Лицо Элиота вдруг побелело, потеряло всякое выражение. Сильвия дернула его за рукав. Он растерянно взглянул на нее и дал себя увести безо всякого сопротивления – казалось, что она ведет на веревочке воздушный шарик.
3
Норман Мушари узнал, что в тот вечер, когда давали «Аиду», Элиот снова исчез, выскочив из машины на углу Сорок второй улицы и Пятой авеню, когда они ехали домой.
Десять дней спустя Сильвия получила следующее письмо, написанное на почтовой бумаге со штампом Добровольной пожарной бригады города Эльсинор, штат Калифорния. Очевидно, название городка повлияло на его раздумья о себе, потому что он в чем-то отождествлял себя с шекспировским Гамлетом:
«Милая Офелия!
Эльсинор оказался вовсе не таким, как я ожидал, а может быть, их несколько, и я попал не в тот Эльсинор. Правда, школьная команда футболистов назвалась „Смелые датчане“. Но вся округа зовет их „Унылые датчане“. За три последних года они выиграли один раз, сделали ничью тоже один раз и проиграли двадцать четыре матча. Впрочем, проигрыш неизбежен, когда в полузащиту становится Гамлет.
Когда мы ехали в машине, ты мне сказала напоследок, что нам, по-видимому, надо развестись. Я до сих пор не понимал, что жизнь со мной стала для тебя настолько тягостной. Зато понимаю, что я ничего не понимаю: например, я все еще никак не могу понять, что я и вправду алкоголик, хотя первый встречный сразу все видит.

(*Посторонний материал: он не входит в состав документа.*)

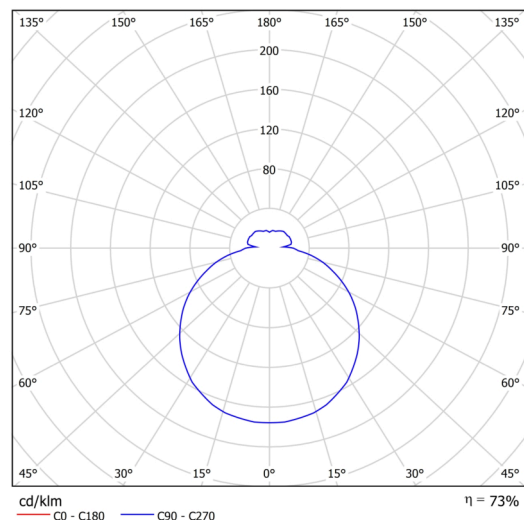

Světelné

Světelný tok svítidla	1460 lm
Světelný tok zdroje	2000 lm
Měrný výkon	112 lm/W
Teplota	3000 K
Životnost LED L80/B10	100000 hod
CRI	Ra80
MacAdam	3
Fotobiologická bezpečnost svítidla dle EN 62471 (Blue light hazard)	Risk group 0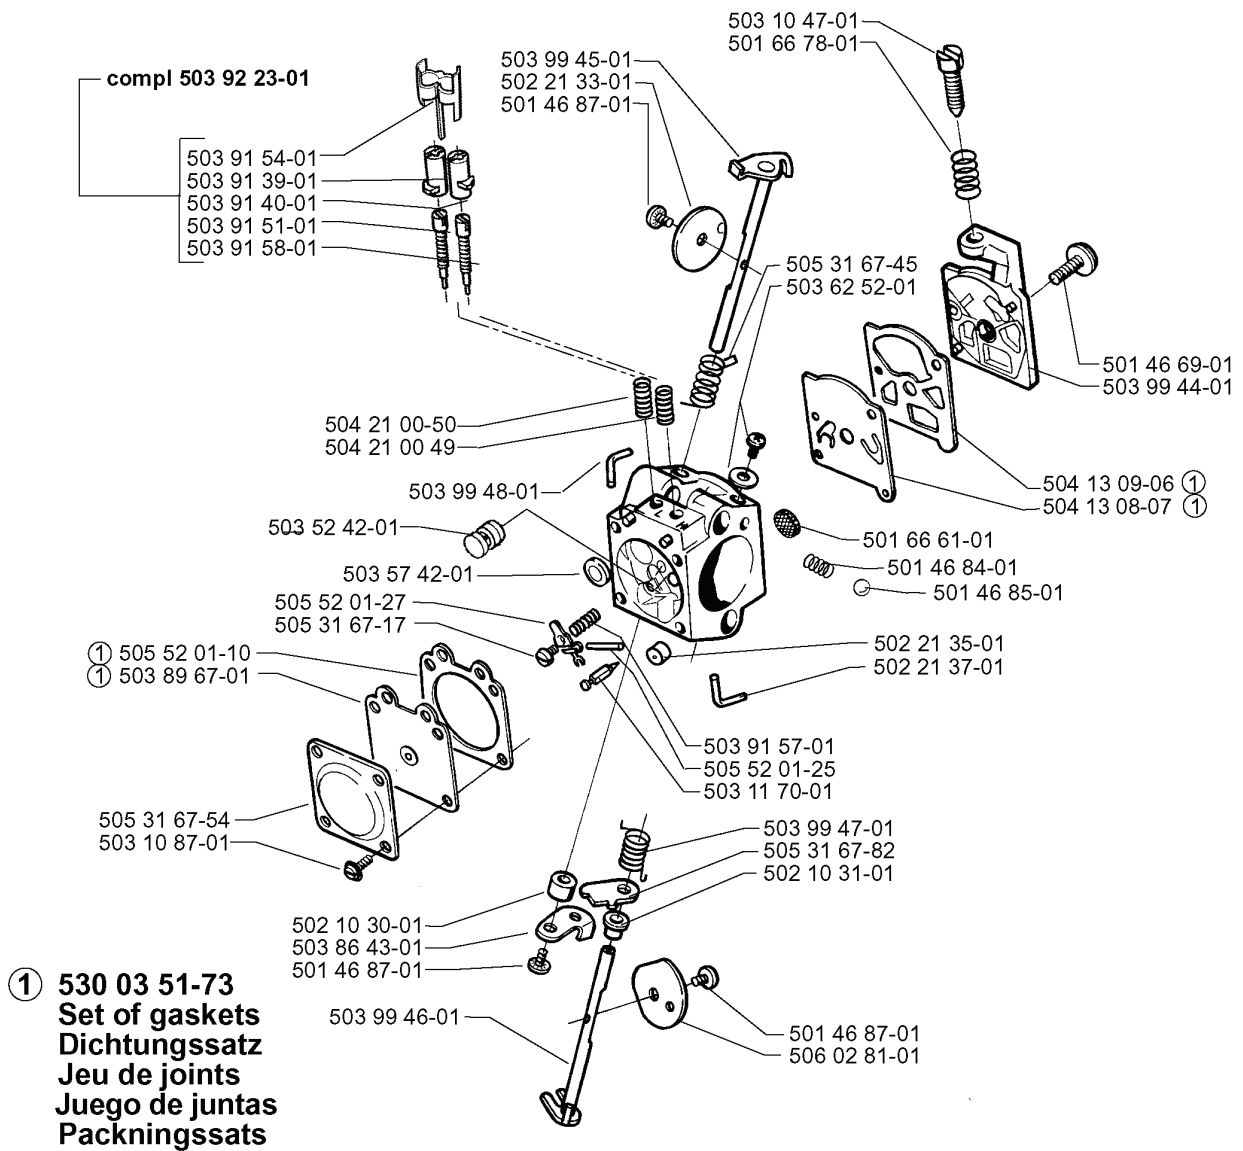

225 AI 25, 1998-09

SPARE PARTS LIST

C

***compl 503 72 44-04**

REF.	PART NO.	DESCRIPTION	REMARK	QTY.	KIT
503 72 44-04	503724404	CRANKSHAFT ASSY		1	
503 91 07-01	503910701	BEARING CAGE		1	
503 71 22-01	503712201	BEARING		1	
503 90 95-01	503909501	CUP		1	
503 91 34-01	503913401	BEARING CAGE		1	
738 22 01-25	738220125	BALL BEARING		1	

M

compl 503 28 15-16

Walbro WT 500

REF.	PART NO.	DESCRIPTION	REMARK	QTY.	KIT
503 92 23-01	503922301	LIMITER CAP		1	
503 91 54-01	503915401	RETAINER		1	
503 91 39-01	503913901	LIMITER CAP		1	
503 91 40-01	503914001	LIMITER CAP		1	
503 91 51-01	503915101	NEEDLE		1	
503 91 58-01	503915801	NEEDLE		1	
504 21 00-50	504210050	SPRING		1	
504 21 00 49	504210049	SPRING		1	
503 99 48-01	503994801	FITTING		1	
503 52 42-01	503524201	NOZZLE ASSY		1	
503 57 42-01	503574201	PLUG		1	
505 52 01-27	505520127	LEVER		1	
505 31 67-17	505316717	SCREW		1	
505 52 01-10	505520110	GASKET		1	
503 89 67-01	503896701	DIAPHRAGM		1	
505 31 67-54	505316754	LOCK STYRMEMBRAN		1	
503 10 87-01	503108701	SCREW		1	
502 10 30-01	502103001	DISTANCE		1	
503 86 43-01	503864301	LEVER		1	
501 46 87-01	501468701	SCREW		1	
503 99 46-01	503994601	SHAFT ASSY		1	
506 02 81-01	506028101	VALVE		1	
502 10 31-01	502103101	BUSHING		1	
505 31 67-82	505316782	LEVER		1	
503 99 47-01	503994701	SPRING		1	
503 11 70-01	503117001	NEEDLE VALVE		1	
505 52 01-25	505520125	PIN		1	
503 91 57-01	503915701	SPRING		1	
502 21 33-01	502213301	VALVE THROTTLE		1	
503 99 45-01	503994501	SHAFT ASSY		1	
503 10 47-01	503104701	SCREW		1	
501 66 78-01	501667801	SPRING		1	
505 31 67-45	505316745	SPRING		1	
503 62 52-01	503625201	SCREW ASSY		1	
501 66 61-01	501666101	SCREEN		1	
501 46 84-01	501468401	SPRING		1	
501 46 85-01	501468501	BALL		1	
502 21 35-01	502213501	SEAT INLET VALVE		1	
502 21 37-01	502213701	FITTING		1	
504 13 08-07	504130807	DIAPHRAGM PUMP		1	
504 13 09-06	504130906	GASKET		1

Может быть, я льщу себе, думая, что у меня много общего с Гамлетом, что и у меня есть важная миссия в жизни, хотя пока что я еще не знаю, как к ней подступиться. У Гамлета было большое преимущество передо мной: тень его отца точно объяснила ему, что надо делать, а я действую безо всяких инструкций. Но что-то мне подсказывает, куда идти, что там делать и зачем это нужно. Не пугайся, никаких голосов я не слышу. Просто чувствую, что есть у меня какое-то предназначение, далекое от той пустой и показной жизни, которую мы ведем в Нью-Йорке. Вот я и брожу.
Брожу…
Для Нормана Мушари было большим разочарованием, когда он прочитал, что Элиот никаких „голосов“ не слышит. Но в конце письма определенно чувствовалось безумие: Элиот подробно описывал все пожарные машины Эльсинора, как будто Сильвии только это и было интересно:
…Здешние машины выкрашены в черную и оранжевую полосы, как тигры. Вид потрясающий. В воду они подбавляют химикалии, чтобы струя легче проникала сквозь деревянные стены в пламя пожара. Это, конечно, имеет смысл, если только от химикалий не портятся насосы и шланги. Эти средства стали применять не так давно, и пока их действие проверить трудно. Здешним пожарником предложил посоветоваться с фирмой, изготовляющей, насосы и шланги, и они обещали сделать запрос. Меня они считают очень знаменитым пожарным из столичных мест. Чудесные люди. Они ничуть не похожи на тех пердунчиков и попрыгунчиков, которые стучатся в двери Фонда Розуотера. Они такие, как те американцы, с которыми я встречался на войне.
Наберись терпения, Офелия.
Любящий тебя
Гамлет».
2
Веблен Торстейн (1857–1929) – американский экономист и социолог.